# RECORD EXCERPTS
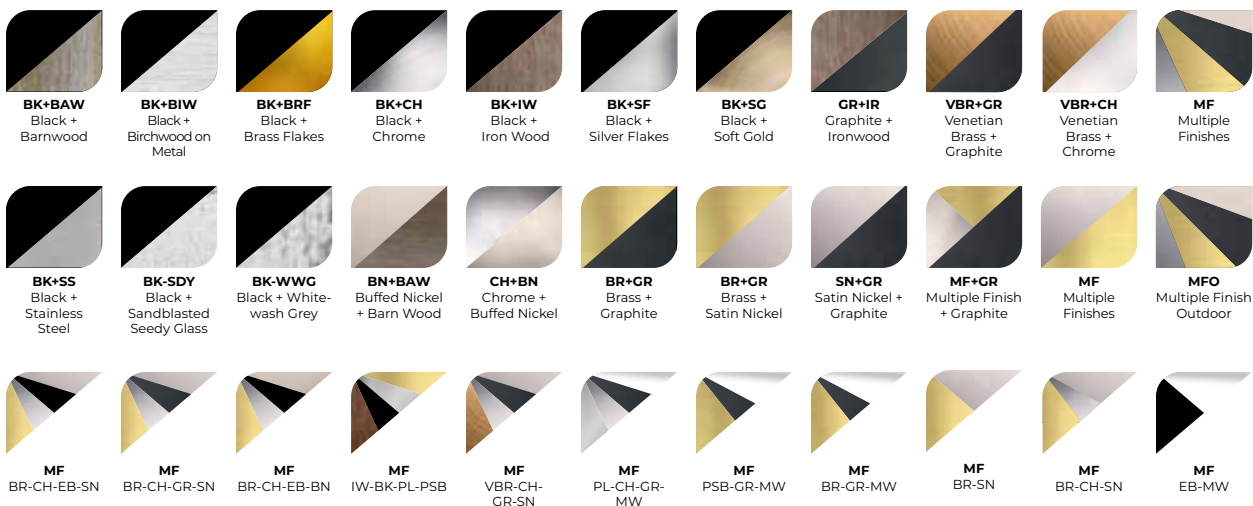

DIMMABILITY DATA / DONNÉES DE GRADATION

	MISTRAL
	SIZE
	5"
LEGRAND ADORNE SOFTAP ADTP703U	✓*
LUTRON MAESTRO MACL-153MH	✓*
LUTRON DIVA® / DIVA® C.L DVWCL-153PH	✓*
LEVITON DECORA SURESLIDE®	✓*
LUTRON C.L SKYLARK CONTOUR CTL -153P	✓*
LUTRON CASETA® WIRELESS	✓*
LEVITON DECORA ROCKER SLIDE	✓*
LEVITON DECORA SMART™	✓*
LUTRON MAESTRO PRO MA-PRO-WH	✓*

✓* Detailed report on request

MATERIALS & FINISHES

GLASS / SHADE FINISHES

NEW FOR 2024

FINISHES

NEW FOR 2024

COMBINATIONS & MULTIPLE FINISHES

LEGEND OF SYMBOLS
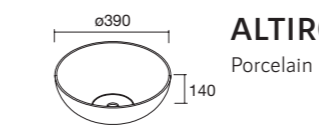

WOODEN DRAWER WITHOUT PIPE CUTOUT
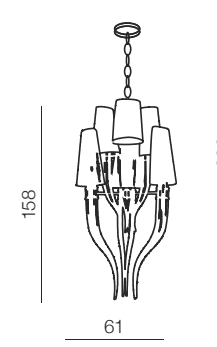

Diablo 3+3

- 1 AD8074-3+3 (white)
- 2 AD8074-3+3 (black)

E14 12x 11W ESB
metal/fabric
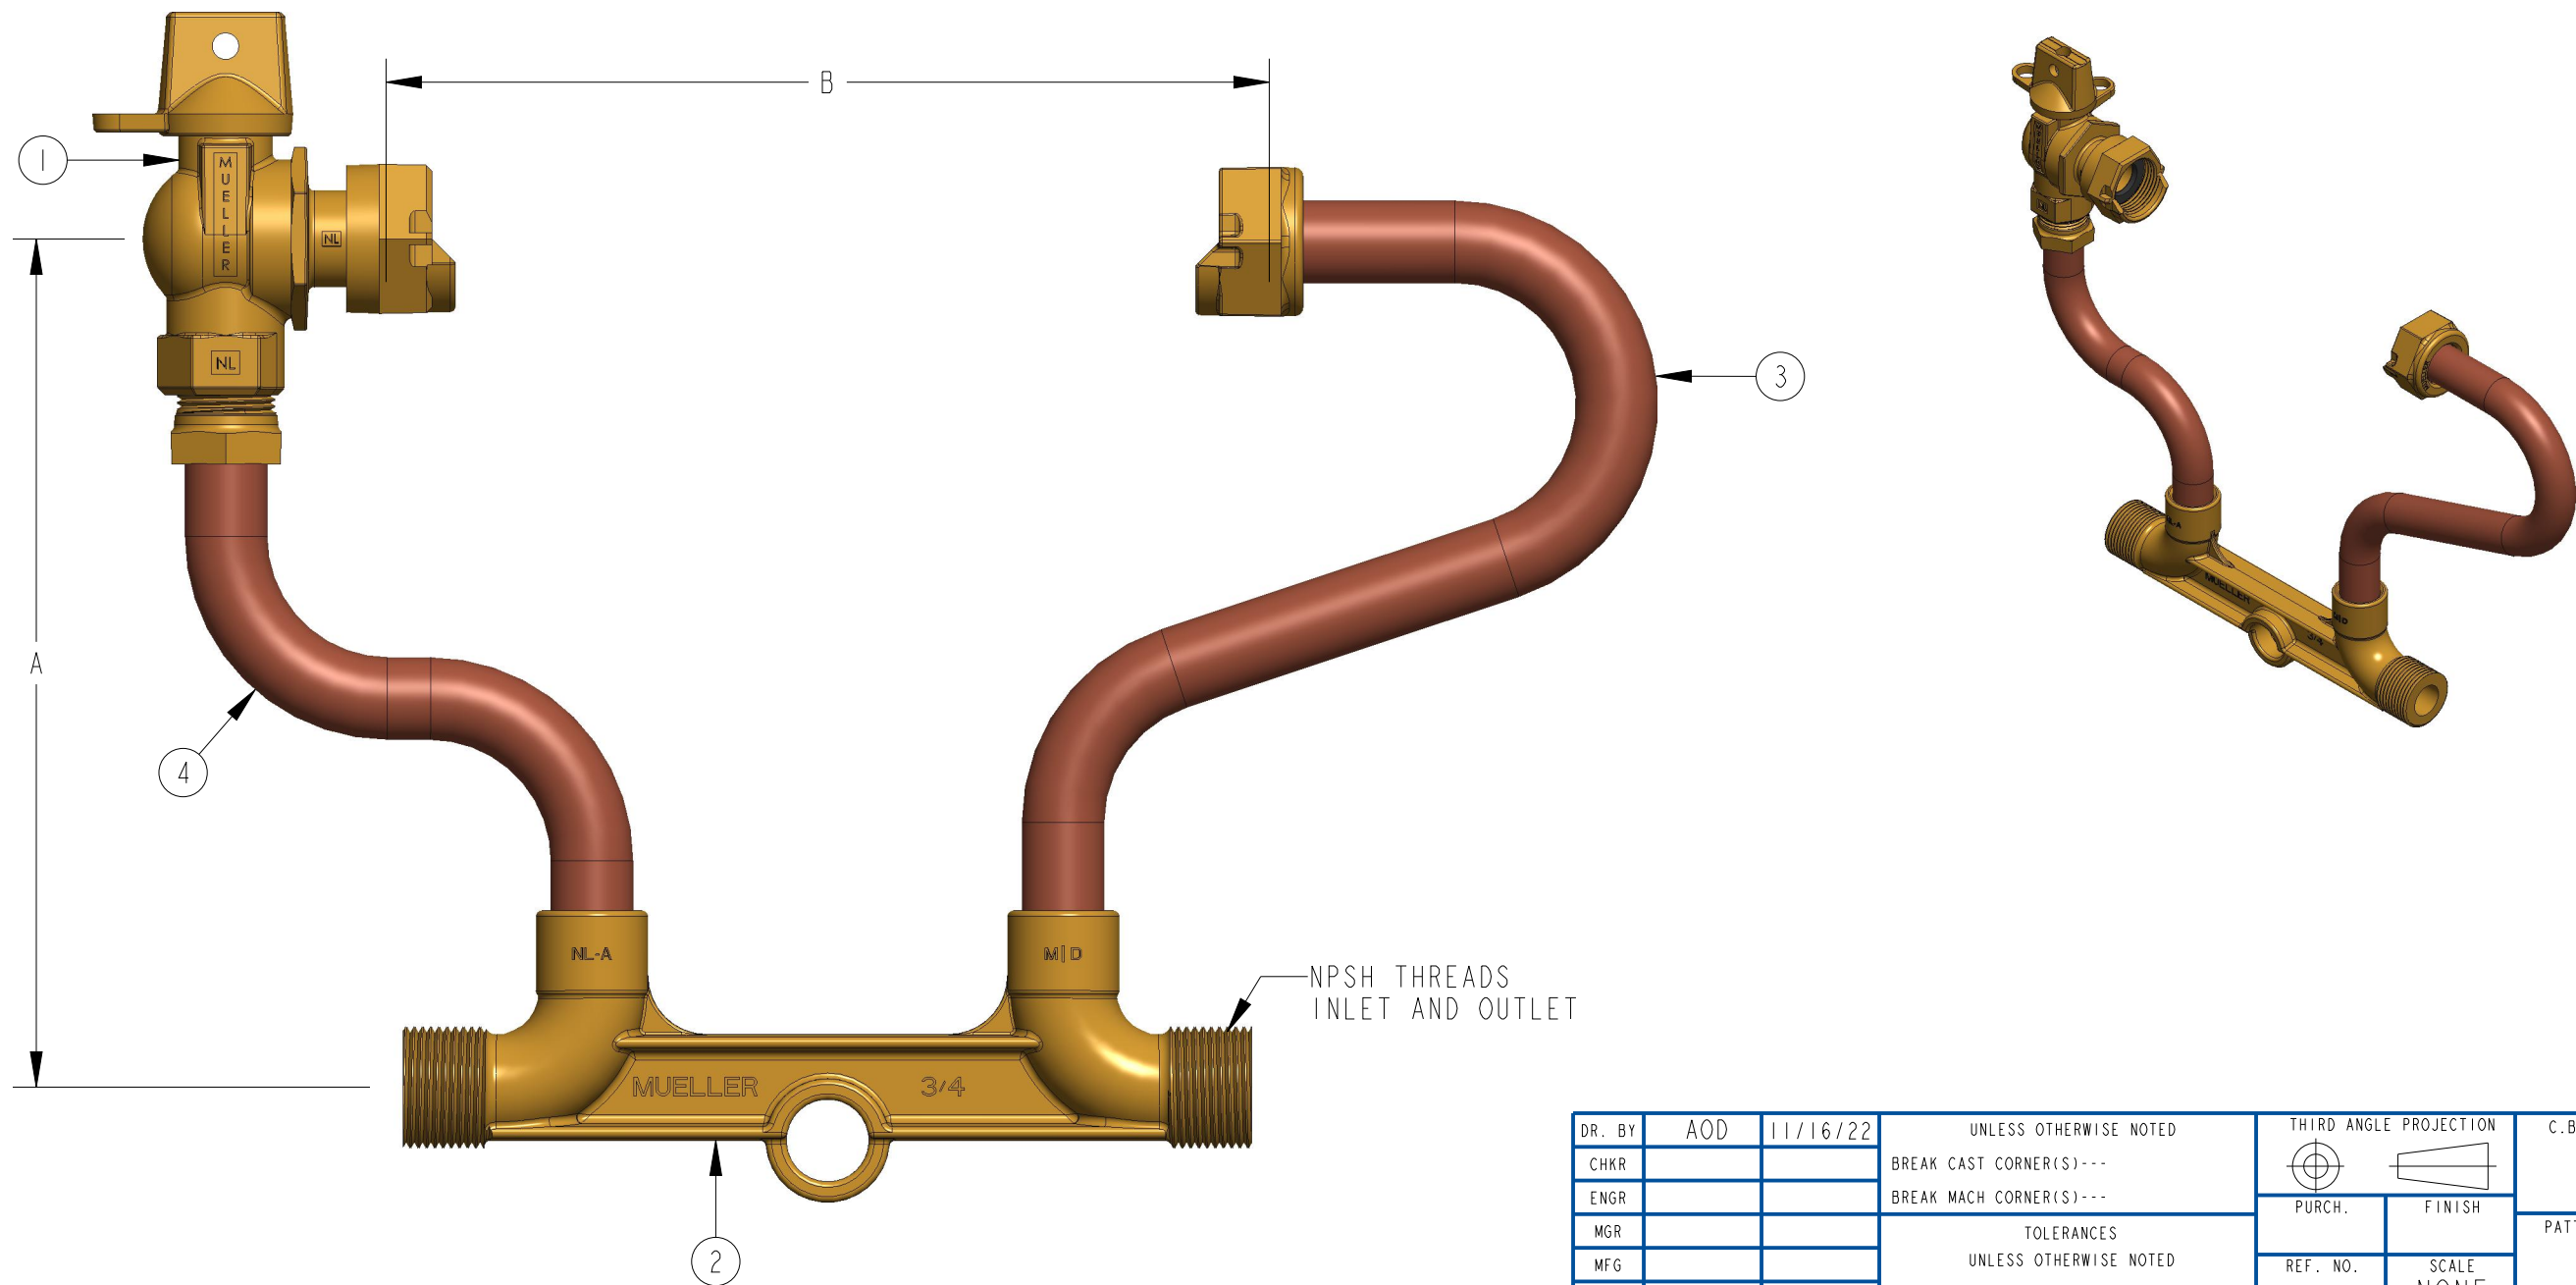

METER SIZE	5/8"	5/8"X3/4"	3/4"	1"
A (MINIMUM)	7"	7"	8"	10"
B	7-7/8"	7-7/8"	9-3/8"	11-1/8"
FULL PORT BALL VALVE	203B24265N	215B24265N	215B24265N	330B24265N
METER BAR	532079E	532086E	508597E	532221E

ITEM NO	PART NUMBER	QTY	DESCRIPTION	MATERIAL
1	B24265N	1	FULL PORT BALL VALVE	LEAD FREE BRASS ALLOY ASTM B584 C89833/C87850
2		1	METER BAR	LEAD FREE BRASS ALLOY ASTM B584 C89833/C87850
3		1	RISER SUB ASSEMBLY	COPPER ALLOY C12200
4		1	RISER SUB ASSEMBLY	COPPER ALLOY C12200

B24118-----N

DR. BY	AOD	11/16/22	UNLESS OTHERWISE NOTED	THIRD ANGLE PROJECTION	C.B. NO.
CHKR			BREAK CAST CORNER(S)---		
ENGR			BREAK MACH CORNER(S)---	PURCH.	FINISH
MGR			TOLERANCES	REF. NO.	PATT. NO.
MFG			UNLESS OTHERWISE NOTED	SCALE	
TOOL			LINEAR	ANGULAR	
FDRY			±	±	STK. NO.
MAT'L:					
		DESCR.	COPPER METER SETTER LEAD FREE BRASS	NUMBER	B24118-----N
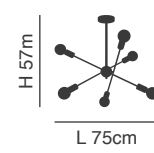

77-8096
KQ 2629/8
8xE27, max 60W, 230V

77-8095
KQ 2629/6
6xE27, max 60W, 230V

# EXERCISE OBJECTIVE
From the records above, pick out and copy each line holding the word "LEAD".

# EXPECTED ANSWER
1	B24265N	1	FULL PORT BALL VALVE	LEAD FREE BRASS ALLOY ASTM B584 C89833/C87850
2		1	METER BAR	LEAD FREE BRASS ALLOY ASTM B584 C89833/C87850
		DESCR.	COPPER METER SETTER LEAD FREE BRASS	NUMBER	B24118-----N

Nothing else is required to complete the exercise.